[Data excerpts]
===
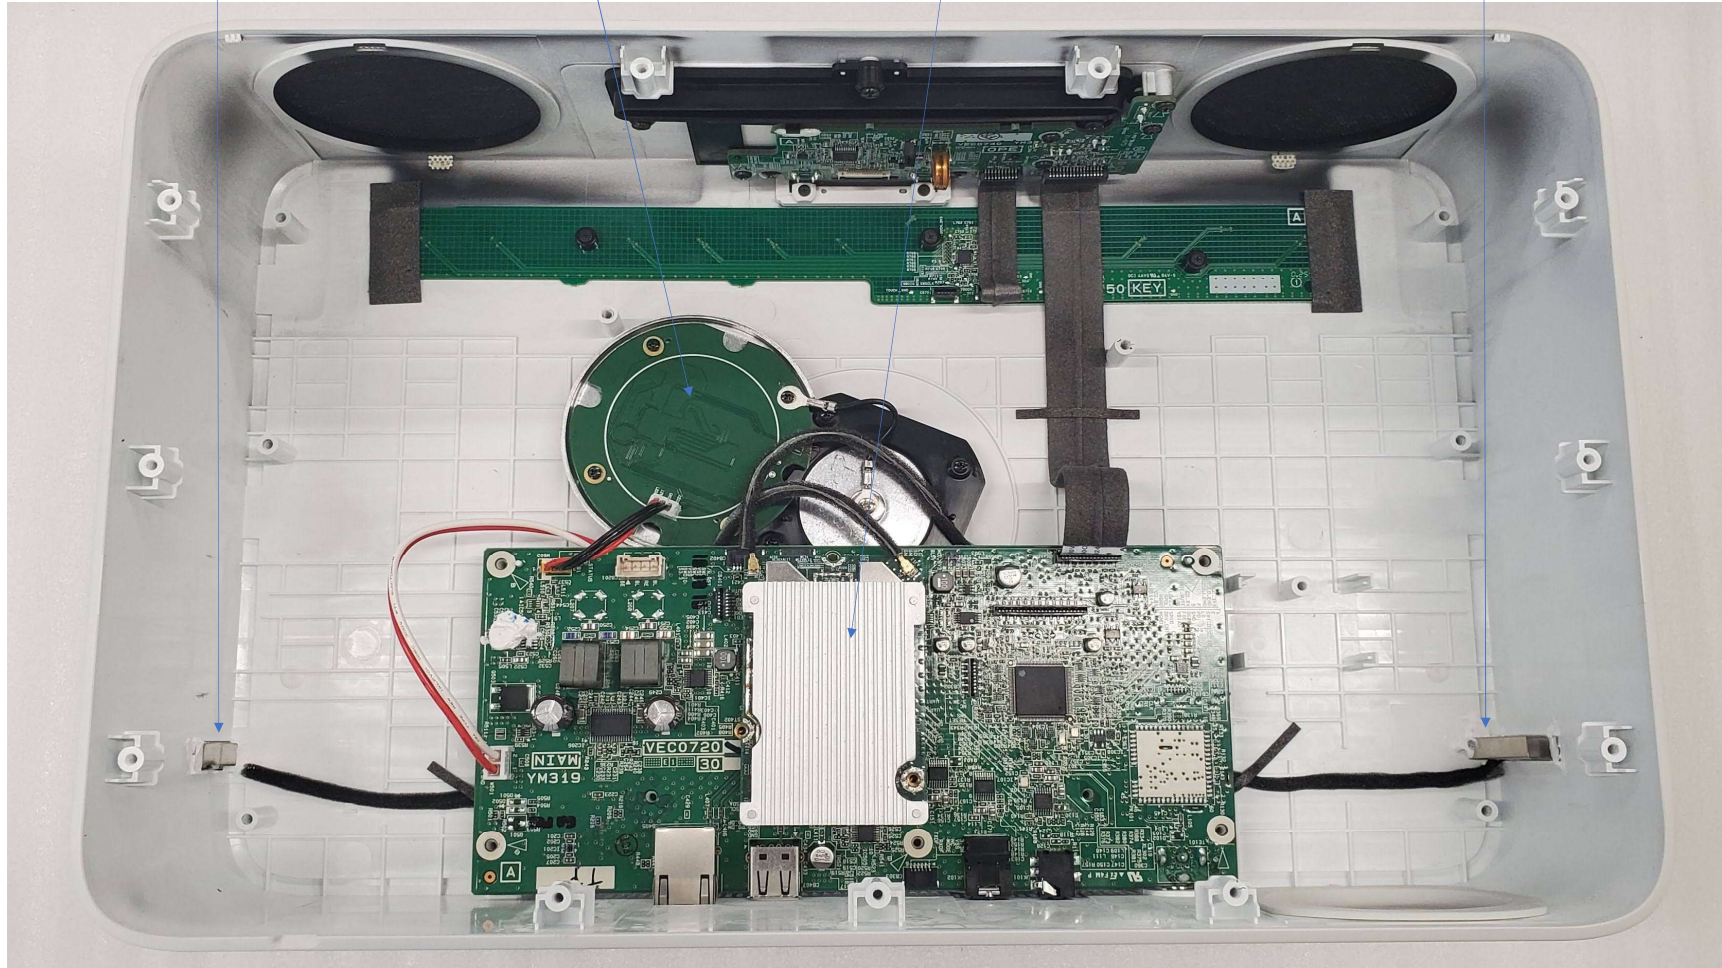

FCC/ISED Internal photo

Antenna for Certified module FCC ID: RAXWN9711  
IC: 4711A-WN9711

Qi PCB

Certified module FCC ID: RAXWN9711  
IC: 4711A-WN9711

Antenna for Certified module FCC ID: RAXWN9711  
IC: 4711A-WN9711

Qi PCB and coil
===
Work order:
Exactly as written, restate all of the data, leaving out the images.

Answer box:
FCC/ISED Internal photo

Antenna for Certified module FCC ID: RAXWN9711  
IC: 4711A-WN9711

Qi PCB

Certified module FCC ID: RAXWN9711  
IC: 4711A-WN9711

Antenna for Certified module FCC ID: RAXWN9711  
IC: 4711A-WN9711

Qi PCB and coil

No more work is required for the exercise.